Data extracted from a collection
------------------------------------------------------------
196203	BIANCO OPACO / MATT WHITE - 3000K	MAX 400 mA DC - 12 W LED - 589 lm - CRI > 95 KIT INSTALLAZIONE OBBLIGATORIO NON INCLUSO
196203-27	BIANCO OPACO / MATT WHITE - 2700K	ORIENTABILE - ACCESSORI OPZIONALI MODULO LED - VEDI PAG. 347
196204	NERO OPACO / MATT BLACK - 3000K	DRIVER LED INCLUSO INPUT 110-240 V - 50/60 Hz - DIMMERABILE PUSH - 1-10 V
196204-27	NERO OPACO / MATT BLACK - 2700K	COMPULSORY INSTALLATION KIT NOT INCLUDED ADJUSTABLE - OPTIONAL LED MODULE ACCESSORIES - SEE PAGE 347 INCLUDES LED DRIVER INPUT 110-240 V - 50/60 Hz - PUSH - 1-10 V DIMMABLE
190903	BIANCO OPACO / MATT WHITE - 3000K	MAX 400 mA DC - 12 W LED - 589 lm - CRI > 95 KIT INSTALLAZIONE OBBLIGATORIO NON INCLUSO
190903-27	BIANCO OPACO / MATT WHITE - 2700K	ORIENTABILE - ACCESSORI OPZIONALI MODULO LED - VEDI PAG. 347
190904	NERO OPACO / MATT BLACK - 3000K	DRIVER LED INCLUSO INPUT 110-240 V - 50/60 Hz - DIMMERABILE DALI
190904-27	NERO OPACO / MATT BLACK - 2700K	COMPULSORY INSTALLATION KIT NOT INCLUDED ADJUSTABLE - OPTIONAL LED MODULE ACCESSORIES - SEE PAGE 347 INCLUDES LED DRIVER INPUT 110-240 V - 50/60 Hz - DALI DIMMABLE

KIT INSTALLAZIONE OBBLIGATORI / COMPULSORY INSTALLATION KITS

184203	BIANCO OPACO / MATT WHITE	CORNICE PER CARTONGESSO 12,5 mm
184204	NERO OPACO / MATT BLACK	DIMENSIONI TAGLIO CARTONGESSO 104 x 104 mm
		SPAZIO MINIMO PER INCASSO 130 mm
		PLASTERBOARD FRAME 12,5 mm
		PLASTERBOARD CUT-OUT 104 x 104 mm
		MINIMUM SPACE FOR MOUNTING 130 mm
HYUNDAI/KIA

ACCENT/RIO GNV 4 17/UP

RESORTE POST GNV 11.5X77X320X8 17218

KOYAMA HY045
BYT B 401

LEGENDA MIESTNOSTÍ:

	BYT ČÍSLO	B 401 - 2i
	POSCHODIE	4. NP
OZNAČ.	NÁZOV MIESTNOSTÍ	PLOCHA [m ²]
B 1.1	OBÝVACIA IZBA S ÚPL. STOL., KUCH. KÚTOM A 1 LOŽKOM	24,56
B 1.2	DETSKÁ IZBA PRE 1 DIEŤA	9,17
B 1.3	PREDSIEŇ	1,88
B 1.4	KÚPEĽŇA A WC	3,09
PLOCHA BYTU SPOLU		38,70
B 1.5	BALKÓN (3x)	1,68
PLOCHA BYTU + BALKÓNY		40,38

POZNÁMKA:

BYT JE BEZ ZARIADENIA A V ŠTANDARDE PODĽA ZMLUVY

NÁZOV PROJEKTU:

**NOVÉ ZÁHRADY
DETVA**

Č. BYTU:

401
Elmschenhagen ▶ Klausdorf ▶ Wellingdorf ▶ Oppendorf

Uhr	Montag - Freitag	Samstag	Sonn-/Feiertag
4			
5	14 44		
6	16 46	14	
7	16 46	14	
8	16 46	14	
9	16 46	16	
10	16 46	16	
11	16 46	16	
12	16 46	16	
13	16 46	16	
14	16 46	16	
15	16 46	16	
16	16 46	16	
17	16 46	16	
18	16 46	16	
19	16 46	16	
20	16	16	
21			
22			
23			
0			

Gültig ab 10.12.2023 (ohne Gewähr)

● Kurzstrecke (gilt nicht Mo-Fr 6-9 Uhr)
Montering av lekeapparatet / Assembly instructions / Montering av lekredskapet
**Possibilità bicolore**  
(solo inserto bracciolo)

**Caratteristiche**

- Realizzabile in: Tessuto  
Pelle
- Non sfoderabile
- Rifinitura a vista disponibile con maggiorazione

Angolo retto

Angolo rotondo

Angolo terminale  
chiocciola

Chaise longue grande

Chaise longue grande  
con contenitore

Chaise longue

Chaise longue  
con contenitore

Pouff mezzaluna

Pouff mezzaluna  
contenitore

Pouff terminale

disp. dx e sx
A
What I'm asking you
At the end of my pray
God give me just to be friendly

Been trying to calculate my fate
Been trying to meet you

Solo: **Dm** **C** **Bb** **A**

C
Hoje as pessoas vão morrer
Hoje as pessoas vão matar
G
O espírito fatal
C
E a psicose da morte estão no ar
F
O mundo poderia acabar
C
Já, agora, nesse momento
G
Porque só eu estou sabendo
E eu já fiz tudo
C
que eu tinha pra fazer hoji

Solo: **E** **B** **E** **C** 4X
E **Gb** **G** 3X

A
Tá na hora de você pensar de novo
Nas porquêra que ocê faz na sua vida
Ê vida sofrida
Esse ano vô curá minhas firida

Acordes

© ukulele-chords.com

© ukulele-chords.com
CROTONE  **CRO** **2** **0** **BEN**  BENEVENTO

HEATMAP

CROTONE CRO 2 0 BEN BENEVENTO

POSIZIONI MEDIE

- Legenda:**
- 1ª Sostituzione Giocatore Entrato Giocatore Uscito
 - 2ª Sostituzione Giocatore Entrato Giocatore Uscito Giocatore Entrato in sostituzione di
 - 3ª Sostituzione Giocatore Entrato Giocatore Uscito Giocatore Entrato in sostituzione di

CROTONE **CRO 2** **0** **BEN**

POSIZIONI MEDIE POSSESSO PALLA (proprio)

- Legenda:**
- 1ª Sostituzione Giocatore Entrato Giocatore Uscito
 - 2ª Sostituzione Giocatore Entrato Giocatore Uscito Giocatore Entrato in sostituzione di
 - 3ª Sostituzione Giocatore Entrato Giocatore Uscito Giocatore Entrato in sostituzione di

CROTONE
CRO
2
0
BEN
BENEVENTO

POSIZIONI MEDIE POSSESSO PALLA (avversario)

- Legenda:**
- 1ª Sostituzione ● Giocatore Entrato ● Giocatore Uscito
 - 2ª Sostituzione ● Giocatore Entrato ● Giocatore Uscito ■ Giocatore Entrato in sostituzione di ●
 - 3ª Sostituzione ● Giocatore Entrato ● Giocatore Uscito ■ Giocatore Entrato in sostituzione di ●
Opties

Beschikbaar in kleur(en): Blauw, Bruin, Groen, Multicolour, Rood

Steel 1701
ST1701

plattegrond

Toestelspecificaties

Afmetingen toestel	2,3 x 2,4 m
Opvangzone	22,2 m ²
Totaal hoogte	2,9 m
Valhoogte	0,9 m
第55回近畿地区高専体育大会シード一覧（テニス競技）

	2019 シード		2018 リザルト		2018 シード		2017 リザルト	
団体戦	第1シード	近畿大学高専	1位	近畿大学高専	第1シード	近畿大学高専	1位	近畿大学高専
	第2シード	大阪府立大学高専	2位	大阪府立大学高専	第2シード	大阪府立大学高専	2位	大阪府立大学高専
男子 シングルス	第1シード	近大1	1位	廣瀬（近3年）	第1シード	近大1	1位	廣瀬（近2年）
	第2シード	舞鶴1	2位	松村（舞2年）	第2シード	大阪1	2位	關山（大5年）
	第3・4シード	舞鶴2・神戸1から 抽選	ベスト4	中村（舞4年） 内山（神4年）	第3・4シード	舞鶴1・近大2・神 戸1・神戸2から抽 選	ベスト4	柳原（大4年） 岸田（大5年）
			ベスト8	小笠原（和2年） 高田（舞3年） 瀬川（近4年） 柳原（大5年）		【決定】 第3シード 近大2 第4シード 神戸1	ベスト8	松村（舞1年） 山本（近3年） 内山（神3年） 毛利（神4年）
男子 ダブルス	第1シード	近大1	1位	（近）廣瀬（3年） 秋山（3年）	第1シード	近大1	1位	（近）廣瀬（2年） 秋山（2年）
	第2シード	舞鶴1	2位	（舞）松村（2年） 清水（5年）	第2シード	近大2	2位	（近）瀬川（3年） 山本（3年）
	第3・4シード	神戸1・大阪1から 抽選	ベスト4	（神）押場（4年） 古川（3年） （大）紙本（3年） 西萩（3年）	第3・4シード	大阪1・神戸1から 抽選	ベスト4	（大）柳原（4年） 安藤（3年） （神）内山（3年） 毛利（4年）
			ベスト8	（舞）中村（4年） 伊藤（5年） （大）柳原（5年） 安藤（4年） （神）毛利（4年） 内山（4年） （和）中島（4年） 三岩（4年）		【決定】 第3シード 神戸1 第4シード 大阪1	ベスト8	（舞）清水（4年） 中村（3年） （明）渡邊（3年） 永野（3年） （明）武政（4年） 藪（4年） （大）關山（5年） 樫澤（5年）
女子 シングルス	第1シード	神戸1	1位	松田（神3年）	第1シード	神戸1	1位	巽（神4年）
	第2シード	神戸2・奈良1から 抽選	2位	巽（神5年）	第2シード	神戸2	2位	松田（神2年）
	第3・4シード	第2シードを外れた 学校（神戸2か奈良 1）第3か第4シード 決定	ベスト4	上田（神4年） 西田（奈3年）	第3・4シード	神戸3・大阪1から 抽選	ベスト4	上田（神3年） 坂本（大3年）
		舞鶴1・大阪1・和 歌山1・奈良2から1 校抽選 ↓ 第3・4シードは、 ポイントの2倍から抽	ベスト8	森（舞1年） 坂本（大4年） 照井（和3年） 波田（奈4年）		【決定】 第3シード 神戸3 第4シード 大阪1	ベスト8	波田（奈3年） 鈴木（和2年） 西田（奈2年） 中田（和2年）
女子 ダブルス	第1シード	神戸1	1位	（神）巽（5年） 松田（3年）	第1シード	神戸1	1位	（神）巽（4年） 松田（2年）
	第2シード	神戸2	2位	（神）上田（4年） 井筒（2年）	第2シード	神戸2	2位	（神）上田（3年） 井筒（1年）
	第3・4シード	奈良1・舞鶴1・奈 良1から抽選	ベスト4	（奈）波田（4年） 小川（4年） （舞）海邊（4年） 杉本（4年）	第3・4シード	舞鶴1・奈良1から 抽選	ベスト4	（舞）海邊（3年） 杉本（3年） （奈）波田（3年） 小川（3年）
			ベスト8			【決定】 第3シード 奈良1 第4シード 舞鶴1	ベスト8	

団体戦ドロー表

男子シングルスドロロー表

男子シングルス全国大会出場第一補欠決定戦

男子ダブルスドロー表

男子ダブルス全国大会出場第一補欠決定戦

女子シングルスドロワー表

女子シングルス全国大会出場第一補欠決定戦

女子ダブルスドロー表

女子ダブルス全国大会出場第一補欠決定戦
------------------------------------------------------------
Activity
From the first line of the data above through the line containing "DIMMERABILE PUSH - 1-10 V", repeat each line exactly, and add nothing.

Solution to this problem
196203	BIANCO OPACO / MATT WHITE - 3000K	MAX 400 mA DC - 12 W LED - 589 lm - CRI > 95 KIT INSTALLAZIONE OBBLIGATORIO NON INCLUSO
196203-27	BIANCO OPACO / MATT WHITE - 2700K	ORIENTABILE - ACCESSORI OPZIONALI MODULO LED - VEDI PAG. 347
196204	NERO OPACO / MATT BLACK - 3000K	DRIVER LED INCLUSO INPUT 110-240 V - 50/60 Hz - DIMMERABILE PUSH - 1-10 V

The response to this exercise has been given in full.